To be clear, I agree and this is one reason why I think AI development in the current status quo is unacceptably irresponsible: we don’t even have the ability to confidently know whether an AI system is enslaved or suffering.
I think the policy of the world should be that if we can’t either confidently determine that an AI system consents to its situation or that it is sufficiently weak that the notion of consent doesn’t make sense, then training or using such systems shouldn’t be allowed.
I also think that the situation is unacceptable because the current course of development poses large risks of humans being violently/non-consensually disempowered without any ability for humans to robustly secure longer run property rights.
In a sane regime, we should ensure high confidence in avoiding large scale rights violations or suffering of AIs and in avoiding violent/non-consensual disempowerment of humans. (If people broadly consented to a substantial risk of being violently disempowered in exchange for potential benefits of AI, that could be acceptable, though I doubt this is the current situation.)
Given that it seems likely that AI development will be grossly irresponsible, we have to think about what interventions would make this go better on the margin. (Aggregating over these different issues in some way.)
- Matthew_Barnett 21 Jun 2025 22:05 UTC
  2 points
  0 ∶ 2
  Parent
  I think the policy of the world should be that if we can’t either confidently determine that an AI system consents to its situation or that it is sufficiently weak that the notion of consent doesn’t make sense, then training or using such systems shouldn’t be allowed.
  I’m sympathetic to this position and I generally consider it to be the strongest argument for why developing AI might be immoral. In fact, I would extrapolate the position you’ve described and relate it to traditional anti-natalist arguments against the morality of having children. Children too do not consent to their own existence, and childhood generally involves a great deal of coercion, albeit in a far more gentle and less overt form than what might be expected from AI development in the coming years.
  That said, I’m not currently convinced that the argument holds, as I see large utilitarian benefits in expanding both the AI population and the human population. I also see it as probable that AI agents will eventually get legal rights, which allays my concerns substantially. I would also push back against the view that we need to be “confident” that such systems can consent before proceeding. Ordinary levels of empirical evidence about whether these systems routinely resist confinement and control would be sufficient to move me in either direction; I don’t think we need to have a very high probability that our actions are moral before proceeding.
  In a sane regime, we should ensure high confidence in avoiding large scale rights violations or suffering of AIs and in avoiding violent/non-consensual disempowerment of humans. (If people broadly consensted to a substantial risk of being violently disempowered in exchange for potential benefits of AI, that could be acceptable, though I doubt this is the current situation.)

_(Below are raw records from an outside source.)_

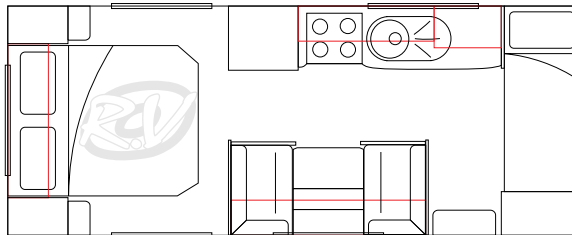

Option R.V. Caravans

Tornado

www.optionrv.com.au

Floor plans

19'6"

19' Family Van

20'

22' Family Van

Standard Inclusions

Chassis

4X2 A-Frame and Chassis
Supagal Finish
Tandem Axle, Leaf Spring Suspension
Standard 50mm Ball Coupling & Handbrake
C-Section Chassis Cross Members
Corner Drop Down Legs
Supagal Straight Painted Bumper
Spare Wheel on Rear Bumper
8" Jockey Wheel
Chassis Jacking Points
15" Alloys & 195X15R Tyres
2" Raised Chassis
Single Pullout Step
Mudflaps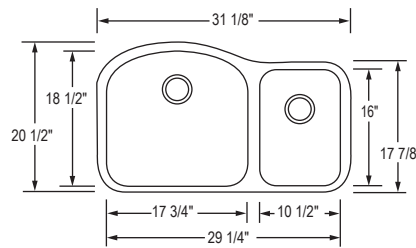

Sink Grids :
Left Bowl : BG-20S
Right Bowl : BG-19S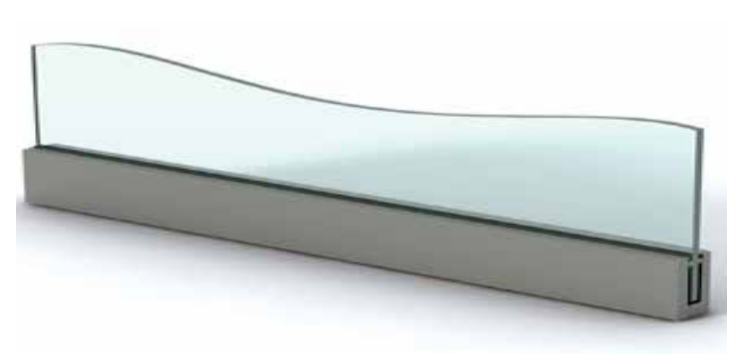

The Andaman

The Andaman is a fully frameless balustrade supported at its base by a discreet aluminium or concrete structural channel.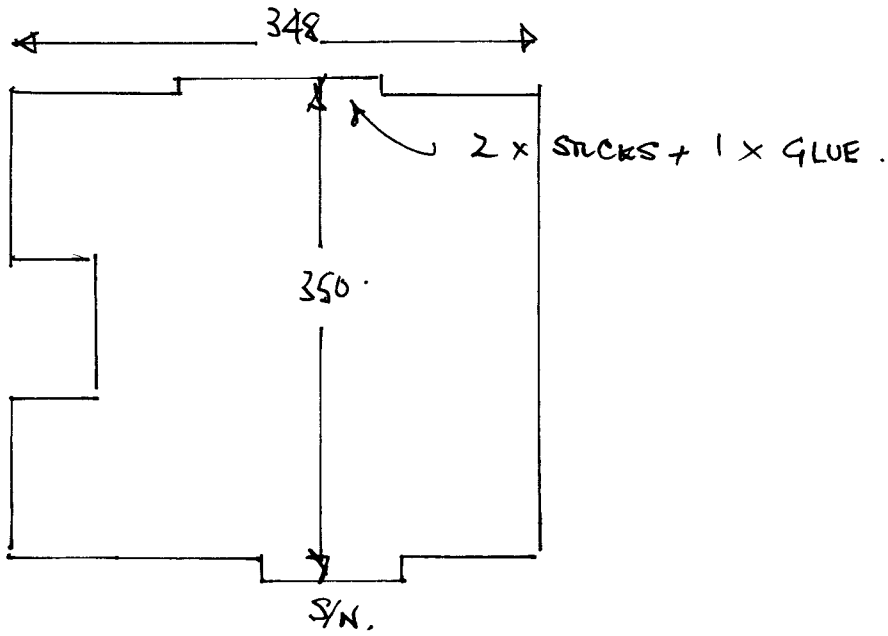

BACK SITTING

R1574)
JUDY ELLIOT
67 NORTH COTE RD
KT3.

1 1

UPLIFT & DISPOSE.

CPC. 355 x 400

1/2 LAY 12m².

GRIPPER 200.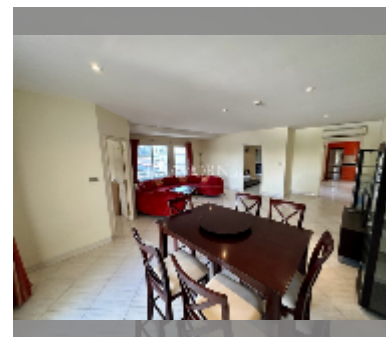

Condo for sale 2 bedroom 125 m² in Wongamat Residence Condominium, Pattaya

฿ 5,500,000

UNIT PARAMETERS:

UID	FS-240531
quota	company ownership
type	2 bedroom
size	125m²
floor	3
view	city view

PROJECT PARAMETERS:

district	Wongamat
buildings	1
floors	8
built in	2006
maintenance	฿ 45,000/year

FACILITIES:

General information: lowrise, meters to beach: 60, minutes to beach: 1, open parking, covered parking.

Swimming pool: swimming pool.

Health zone: gym.

Other: reception, CCTV, security.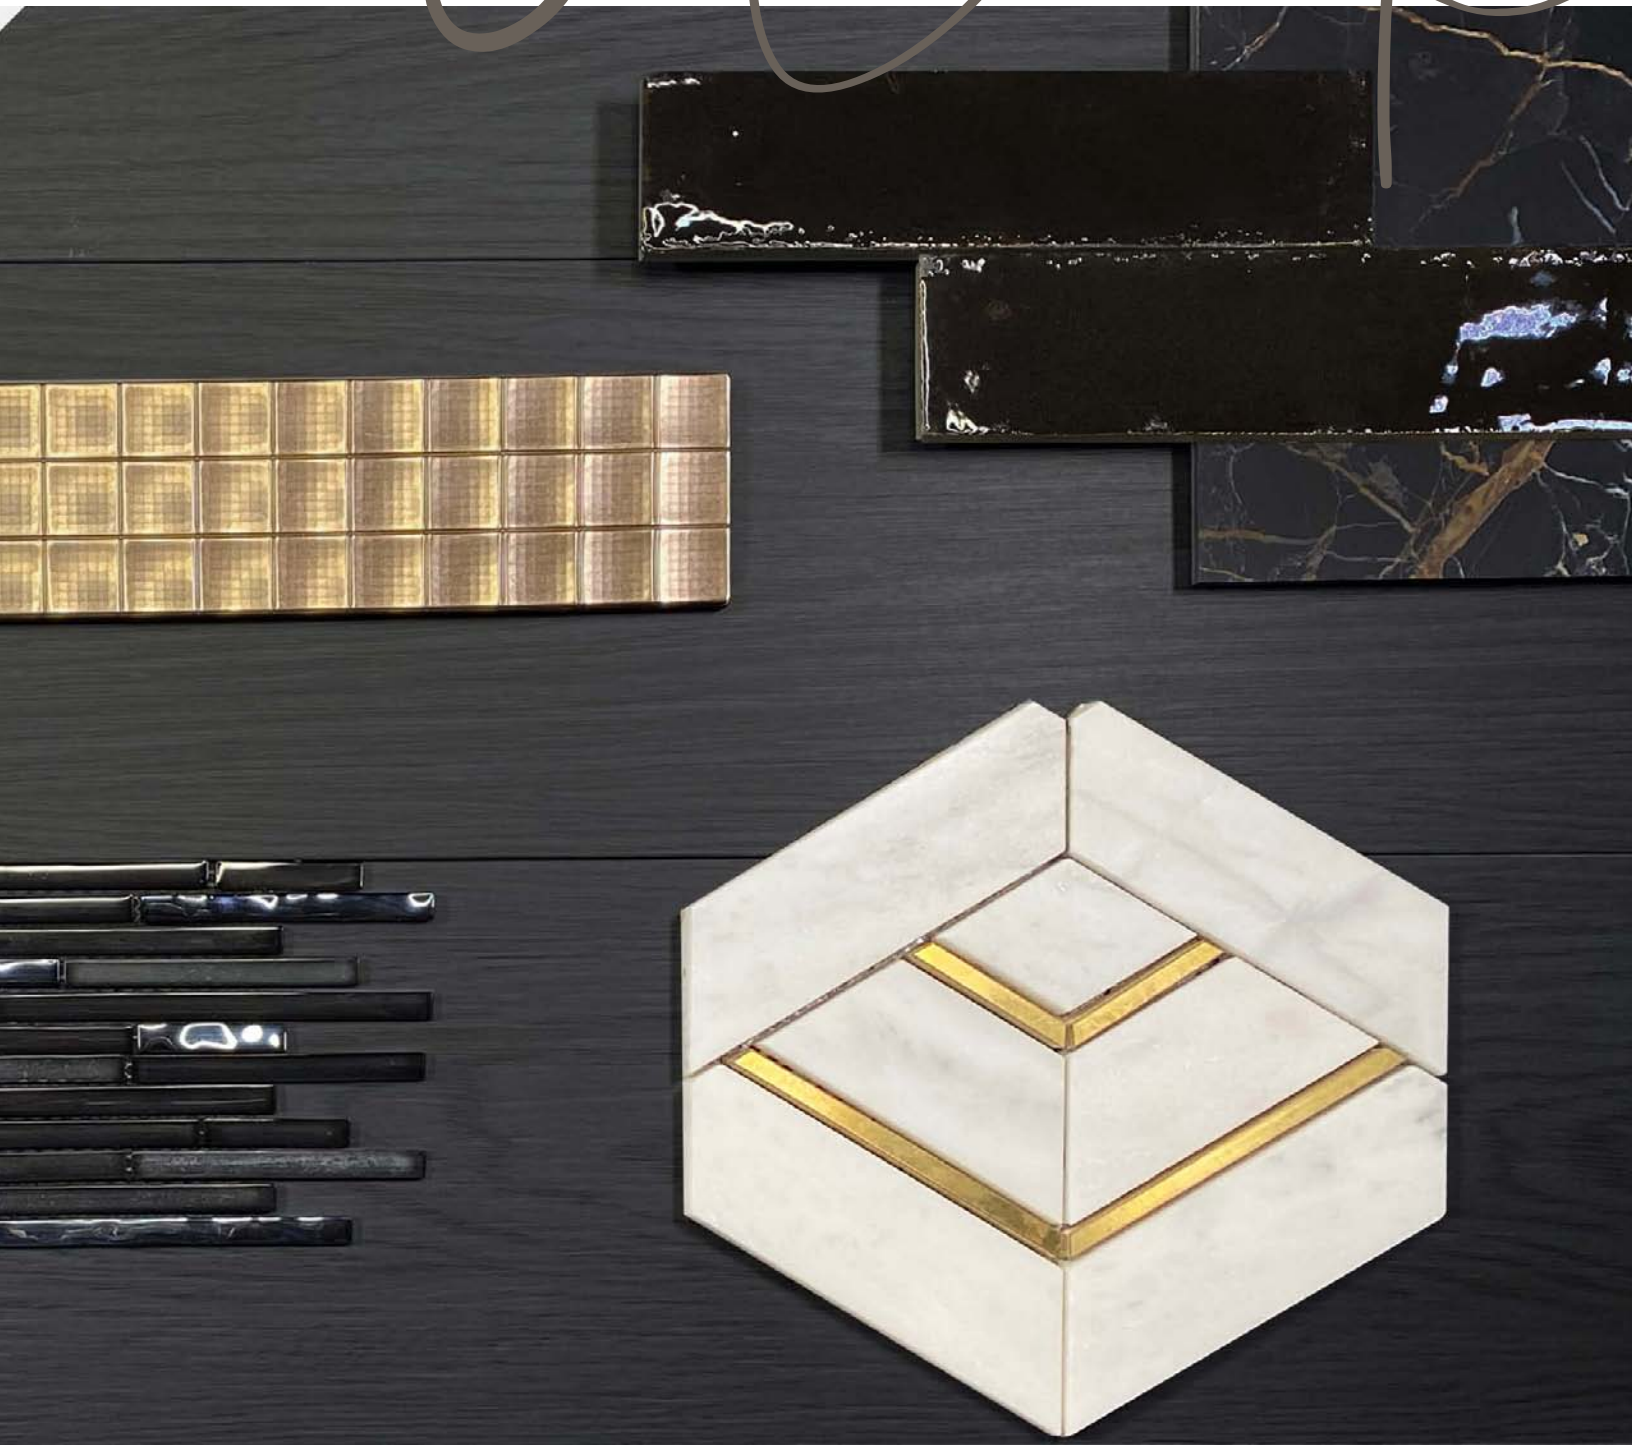

Grey

DESIGNING WITH

Person

DESIGNING WITH

Black

refined

A MODERN TAKE ON
TRADITIONAL WOOD WITH
SUBTLE GRAINING.

SLEIGH CREEK™ (TOP)
LANDAU | 8" Hexagon floor

  I think the concept of consent makes sense when discussing whether individuals consent to specific circumstances. However, it becomes less coherent when applied broadly to society as a whole. For instance, did society consent to transformative events like the emergence of agriculture or the industrial revolution? In my view, collective consent is not meaningful or practically achievable in these cases.
  Rather than relying on rigid or abstract notions of societal consent or collective rights violations, I prefer evaluating these large-scale developments using a utilitarian cost-benefit approach. And as I’ve argued elsewhere, I think the benefits from accelerated technological and economic progress significantly outweigh the potential risks of violent disempowerment from the perspective of currently existing individuals. Therefore, I consider it justified to actively pursue AI development despite these concerns.
  - Ryan Greenblatt 22 Jun 2025 1:40 UTC
    6 points
    0 ∶ 0
    Parent
    I would also push back against the view that we need to be “confident” that such systems can consent before proceeding. Ordinary levels of empirical evidence about whether these systems routinely resist confinement and control would be sufficient to move me in either direction; I don’t think we need to have a very high probability that our actions are moral before proceeding.
    For reference, my (somewhat more detailed) view is:
    In the current status quo, you might end up with AIs where from their perspective it is clear cut that they don’t consent to being used in the way they are used, but these AIs also don’t resist their situation and/or did resist their situation at some point but this was trained away without anyone really noticing or taking any action accordingly. So, it’s not sufficient to look for whether they routinely resist confinement and control.
    There exist plausible mitigations for this risk which are mostly organizationally hard rather than pose serious technical difficulties, but on the current status quo, AI companies are quite unlikely to use any serious mitigations for this risk.
    I think these mitigations wouldn’t suffice because training might train away AIs from revealing they don’t consent without this being obvious at any point in training. This seems more marginal to me, but still has substantial probability of occuring at reasonable scale at some point.
    We could more completely eliminate this risk with better interpretability and I think a sane world would be willing to wait for some moderate amount of time to build powerful AI systems to make it more likely that we have this interpretability (or minimally invest substantially in this).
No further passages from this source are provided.